The statistical mechanics of ion-dipole-tetrahedral quadrupole mixtures

Abstract

We examine the solution of the Ornstein-Zernike equations for the correlation functions of a fluid mixture in which the molecular interactions consist of a hard sphere plus a multipolar potential that contains coulombic, dipolar as well as quadrupolar terms. In particular we consider the case in which the molecule has a dipole moment in the z direction of the molecular axis system and a non-linear tetrahedral quadrupole tensor of the form Θ _xx = - Θ _yy , Θ _zz = 0 = Θ_αβ, α ≠ β in the molecular frame.
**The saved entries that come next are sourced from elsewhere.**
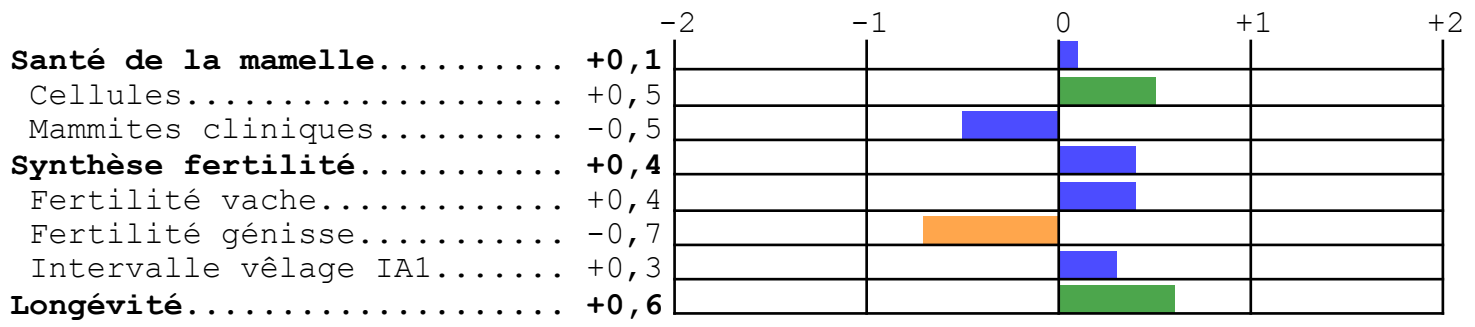

MERE		
<b>TIBELA</b>	<b>FR7301704670</b>	née le 04/12/2002 31
PERE FR 7388084110	DIPLOME	
GPM FR 7385083390	AZOV	
PGMM FR 3881013622	SCANDALE	

PERE		
<b>NOTAIRE</b>	<b>FR7397022654</b>	né le 22/12/1997 31
PERE FR 7386083710	BOLBEC	
GPM FR 4383072851	ULTRASON	
PGMM FR 3885010622	ASTERIX	

**VALEUR GENETIQUE DU TAUREAU**

Période ISU cd INEL MP MG TP TB LAIT STMA REPRO LGF NAI VEL VIN VIV  
2016-2 **113** 89 **+7** +11 -4 -0,6 -4,1 +400 +0,1 +0,4 +0,6 88 88 92 0

Orange : Détérioration      Blue : Neutralité      Green : Amélioration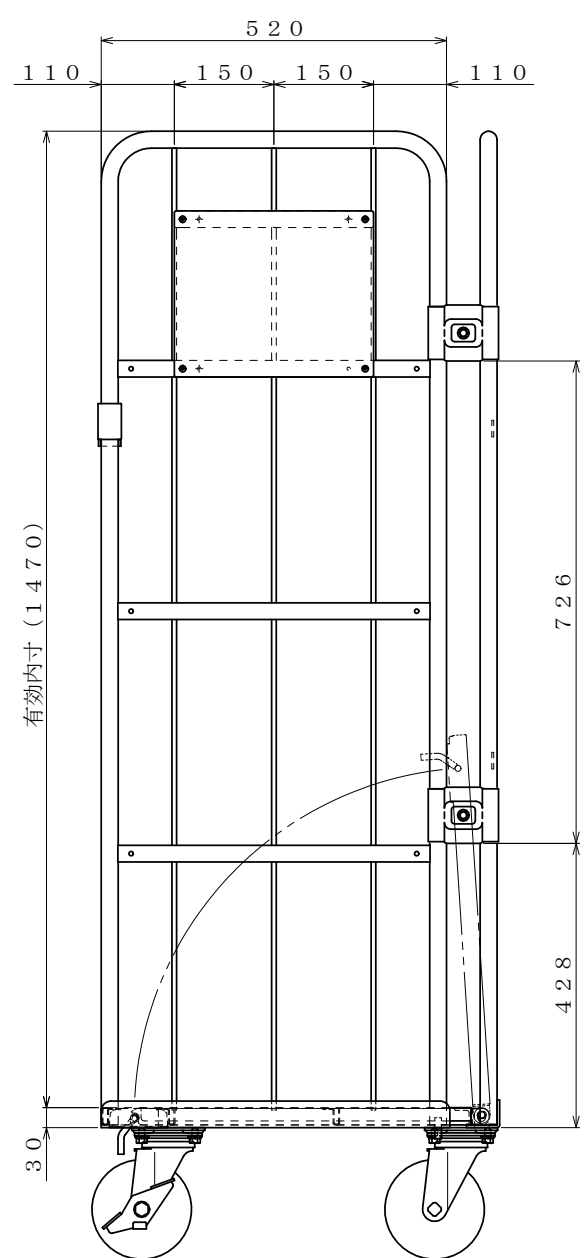

・塗装色: グリーン

△×-	-	-	投影法	尺度	商品名	仕様	品名	HONKO MFG. CO., LTD.
△×-	-	-	第三角法	1/5.5	イージーコンテナ	床板スチールタイプ	NELS-1	
△×-	-	-	作成日		サイズ	材質	処理	
改訂	日付	変更内容	2016.09.30		800×600×1700	スチール	焼付塗装	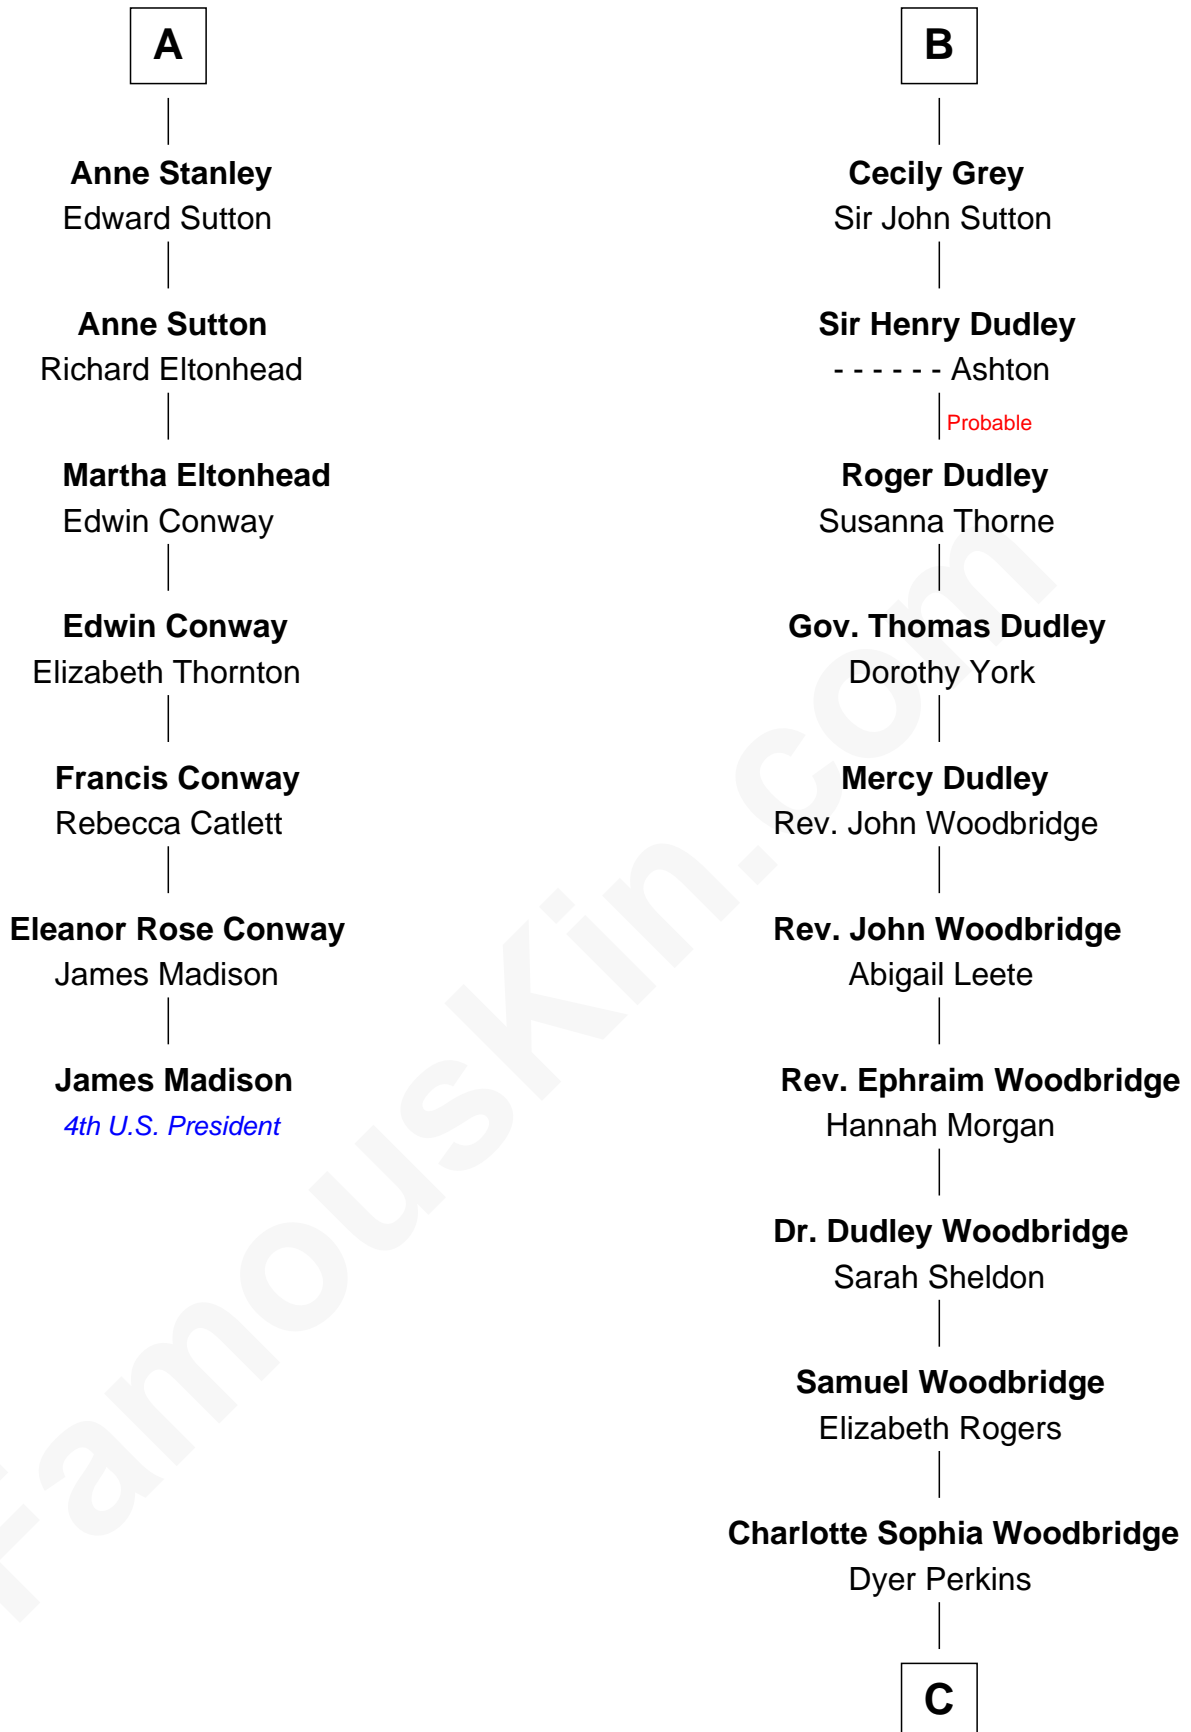

# FamousKin.com Relationship Chart of

**James Madison**

*4th U.S. President*

13th cousin 7 times removed of

**Humphrey Bogart**

*Movie Actor*

**Sir John de Harington**

Joan - - - - -

**Isabel Radcliffe**

Sir James Harington

**Anne Harington**

Sir William Stanley

**Peter Stanley**

Cecily Tarleton

**A**

**Sir Robert de Harington**

Elizabeth de Multon

**Sir John Harington**

- - - - -

**Sir Robert Harington**

Isabel Loring

**Sir William Harington**

Margaret Hill

**Elizabeth Harington**

William Bonville

**William Bonville**

Katherine Neville

**Cecily Bonville**

Thomas Grey

**B**

**C**

**Elizabeth Rogers Perkins**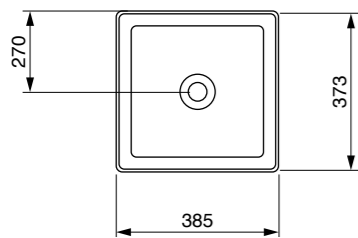

כיוור מונח סוטילי מלבני
₪2205

This model is a good representation of the dipolar and quadrupolar properties of water and our analysis will form the basis for constructing a Civilized Model electrolyte in which ions are dissolved in a solvent whose molecules possess water-like multipole moments. One of our main results is that for any theory which retains only the subset of rotational invariants that either appear in the interaction potentials or are generated by angular convolution from those appearing in the interaction potentials, e.g. the linearized hypernetted chain (LHNC) or mean spherical approximations (MSA), the equations for an ion-dipole-tetrahedral quadrupolar mixture only differ from those for an ion-dipole-linear quadrupole mixture (Θ _xx = Θ _yy = - 1/2Θ _zz , Θ_αβ = 0, α ≠ β) in minor details. We have investigated the thermodynamic properties of a fluid of hard spheres with the dipole and tetrahedral moments of water using thermodynamic perturbation theory. We find that contributions to the thermodynamic properties from dipole-quadrupole interaction are very important. For a pure hard sphere tetrahedral quadrupolar fluid there is considerable difference between the results from perturbation theory and from the MSA, for which we have obtained an analytic solution.